> **Recorded data**
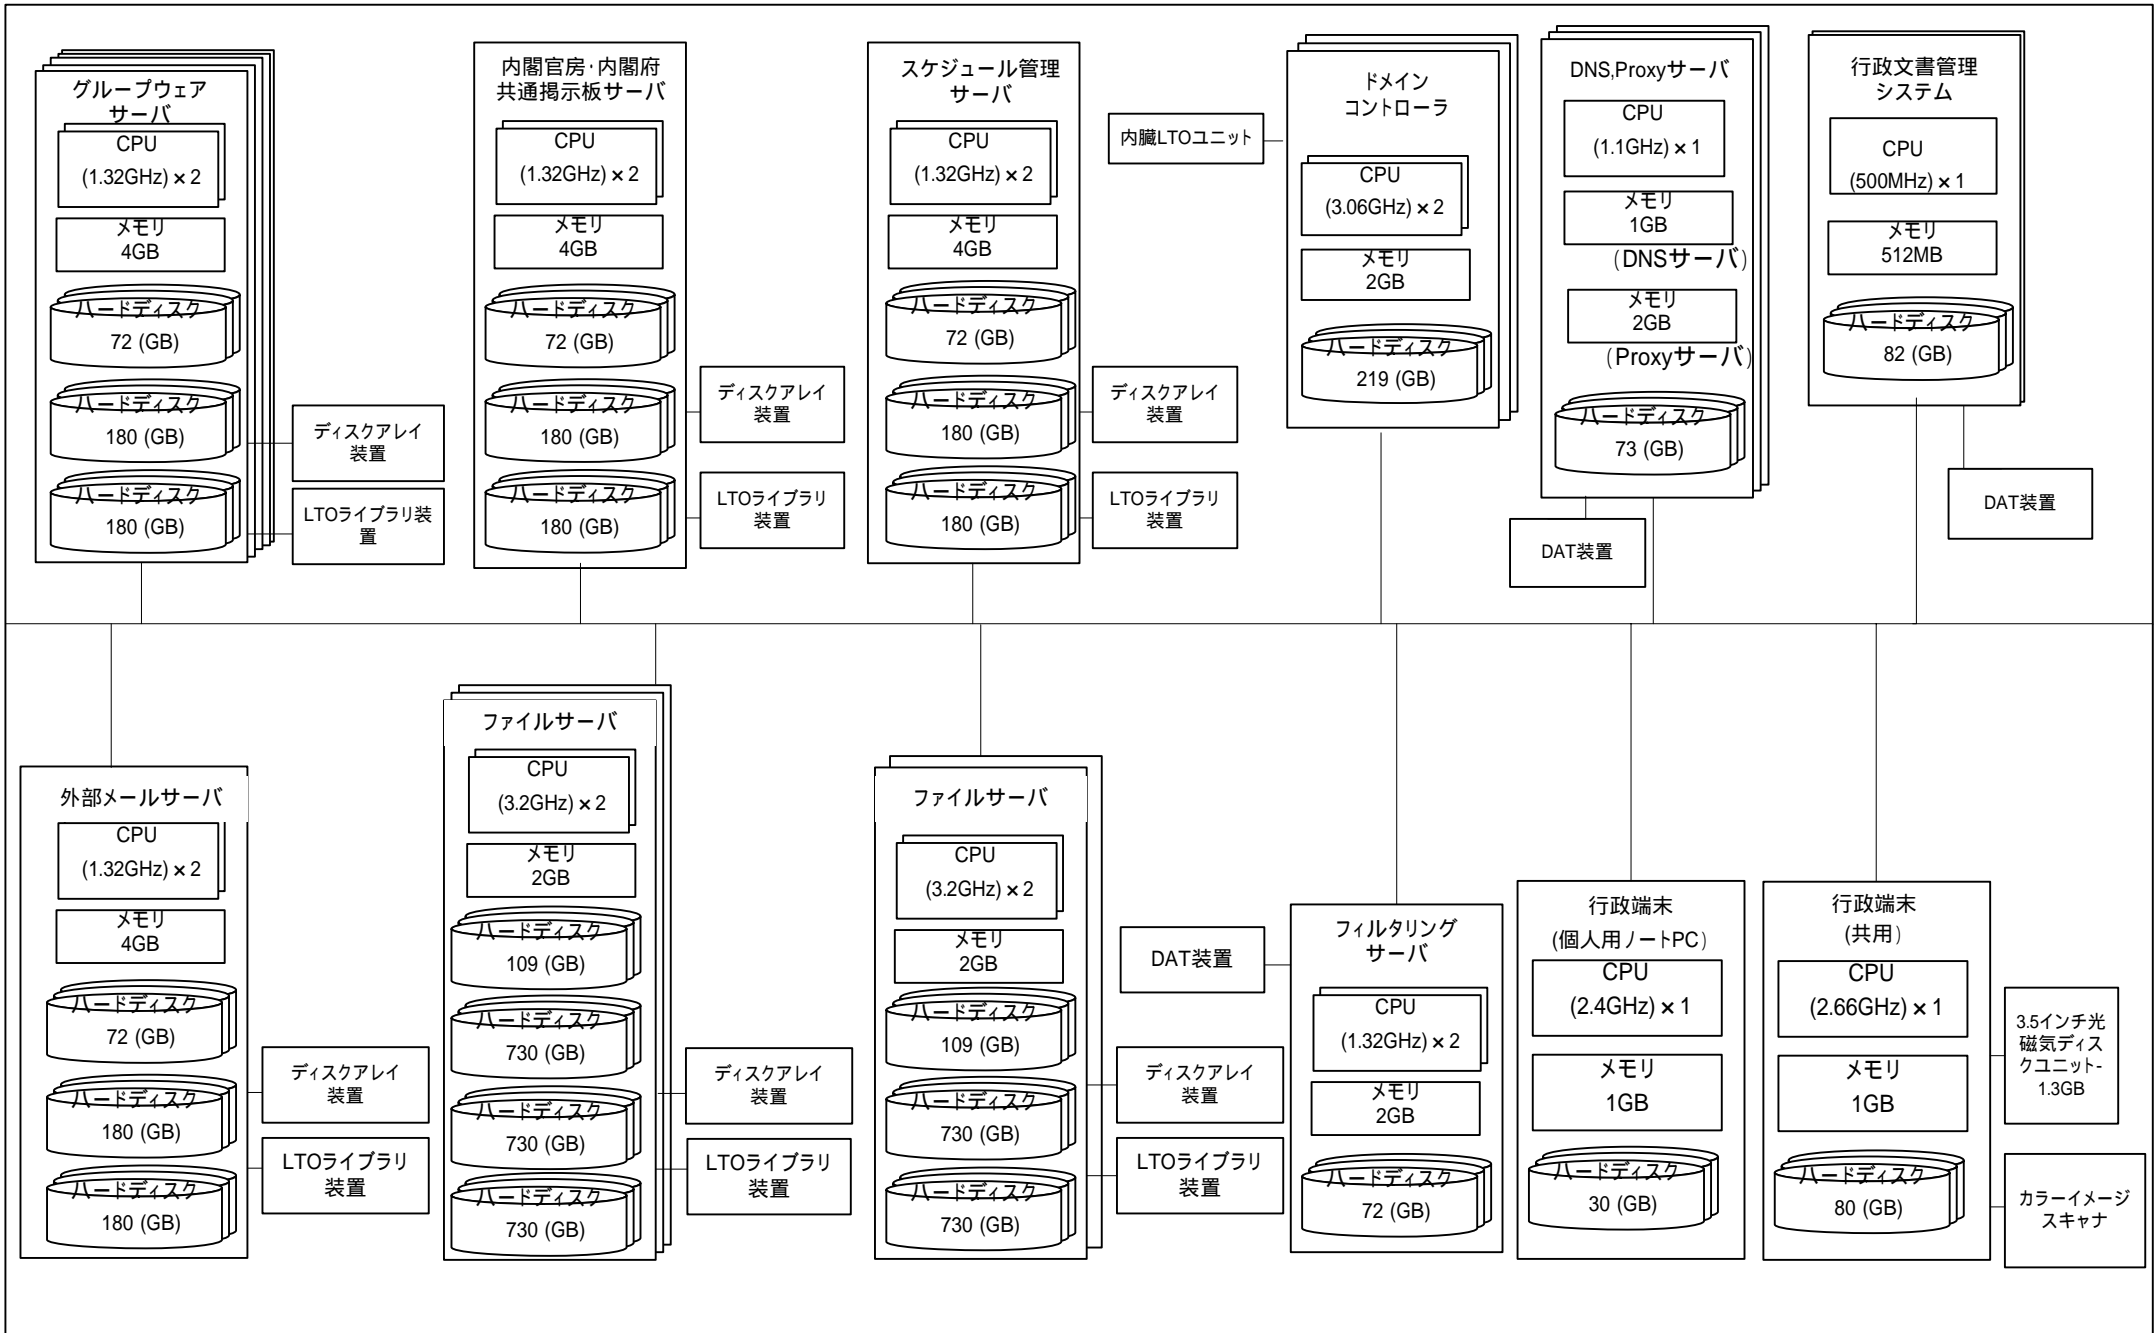

ソフトウェア構成図	システム名	業務名	資料番号	版数	作成日付	作成者	ページ
	内閣府LAN (共通システム)	OP - LAN(現行体系)	1	初版	2006.2.28	—	1/2

ソフトウェア構成図	システム名	業務名	資料番号	版数	作成日付	作成者	ページ
	内閣府LAN (共通システム)	mfs - LAN(現行体系)	1	初版	2006.2.28	-	2/2

ハードウェア構成図	システム名	業務名	資料番号	版数	作成日付	作成者	ページ
	内閣府LAN (共通システム)	OP - LAN(現行体系)	2	初版	2006.2.28	—	1/2

ハードウェア構成図	システム名	業務名	資料番号	版数	作成日付	作成者	ページ
	内閣府LAN (共通システム)	mfs - LAN(現行体系)	2	初版	2006.2.28	—	2/2

> **Exercise requirements**
Please print every record above exactly, but leave the pictures out.

> **Result of this exercise**
ソフトウェア構成図	システム名	業務名	資料番号	版数	作成日付	作成者	ページ
	内閣府LAN (共通システム)	OP - LAN(現行体系)	1	初版	2006.2.28	—	1/2

ソフトウェア構成図	システム名	業務名	資料番号	版数	作成日付	作成者	ページ
	内閣府LAN (共通システム)	mfs - LAN(現行体系)	1	初版	2006.2.28	-	2/2

ハードウェア構成図	システム名	業務名	資料番号	版数	作成日付	作成者	ページ
	内閣府LAN (共通システム)	OP - LAN(現行体系)	2	初版	2006.2.28	—	1/2

ハードウェア構成図	システム名	業務名	資料番号	版数	作成日付	作成者	ページ
	内閣府LAN (共通システム)	mfs - LAN(現行体系)	2	初版	2006.2.28	—	2/2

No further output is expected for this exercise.